We ask for gender information in a very coarse manner:

Why we collect it

This information is useful to us in order to report to our funding agency the coarse statistics of our events.

We are proud of our gender balance in our events and seek to make minoritized voices represented everywhere in bioinformatics.

Gender balance pie chart, 50% women; 47,7% men; 1,8% rather not say; 0,3% NB

Why these categories

We understand that gender expression is a very complex topic1 and want everyone to feel welcome at our events, and see themselves reflected in the statistics.

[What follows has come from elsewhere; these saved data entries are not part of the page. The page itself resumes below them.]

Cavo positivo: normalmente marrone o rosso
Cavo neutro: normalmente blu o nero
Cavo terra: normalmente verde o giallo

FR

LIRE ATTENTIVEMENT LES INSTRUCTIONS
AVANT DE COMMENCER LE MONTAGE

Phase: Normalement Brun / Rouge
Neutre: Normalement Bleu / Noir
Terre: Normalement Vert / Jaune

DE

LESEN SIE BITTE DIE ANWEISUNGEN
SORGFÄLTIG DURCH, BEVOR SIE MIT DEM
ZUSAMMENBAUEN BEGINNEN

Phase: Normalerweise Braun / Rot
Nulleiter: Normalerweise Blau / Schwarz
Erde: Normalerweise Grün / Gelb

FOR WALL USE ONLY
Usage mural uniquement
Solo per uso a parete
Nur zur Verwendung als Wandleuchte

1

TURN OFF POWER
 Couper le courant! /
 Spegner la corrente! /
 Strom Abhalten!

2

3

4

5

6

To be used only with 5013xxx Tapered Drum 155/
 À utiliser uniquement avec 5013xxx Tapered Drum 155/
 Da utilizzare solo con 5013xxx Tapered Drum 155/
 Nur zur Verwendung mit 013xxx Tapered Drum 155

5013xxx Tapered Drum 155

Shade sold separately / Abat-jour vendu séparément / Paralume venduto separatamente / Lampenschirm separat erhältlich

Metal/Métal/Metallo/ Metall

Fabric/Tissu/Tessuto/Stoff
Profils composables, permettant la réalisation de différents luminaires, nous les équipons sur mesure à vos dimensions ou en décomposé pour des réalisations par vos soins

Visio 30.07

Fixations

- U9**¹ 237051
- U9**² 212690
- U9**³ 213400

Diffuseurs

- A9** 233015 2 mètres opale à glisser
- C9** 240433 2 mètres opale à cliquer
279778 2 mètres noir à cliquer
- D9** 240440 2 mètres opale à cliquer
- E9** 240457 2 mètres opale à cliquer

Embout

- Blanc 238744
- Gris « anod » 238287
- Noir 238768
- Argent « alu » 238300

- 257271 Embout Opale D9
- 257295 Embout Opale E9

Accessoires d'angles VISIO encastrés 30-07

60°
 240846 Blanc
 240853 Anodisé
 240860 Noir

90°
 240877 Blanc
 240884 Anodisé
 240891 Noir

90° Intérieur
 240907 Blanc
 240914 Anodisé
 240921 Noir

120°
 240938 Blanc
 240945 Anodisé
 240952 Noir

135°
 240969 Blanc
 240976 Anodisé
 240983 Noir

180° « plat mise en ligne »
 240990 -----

We have chosen these specific categories based to balance the useful information, with respect for attendees’ privacy, following discussions of best practices with numerous LGBT groups and individuals as to how they would best like to be represented in such surveys. I.e. we do not ask if an attendee is trans or cis, as that adds an unnecessary level of privacy invasion that is really only necessary in medical contexts, absolutely not in education contexts. Given our discussion with numerous trans individuals, even given the option of registering themselves as trans femme or trans masc, most would still just choose woman or man respectively as the question is indeed “gender identity” and not “medical history”.

What this data will not be used for

We keep this data very private and as the registration runs we separate out this data into a secondary sheet that is completely unlinked to the original in order to preserve privacy as best we can on a platform like Google Forms.

  1. one of our project leads is trans and helps guide this policy discussion and implementation.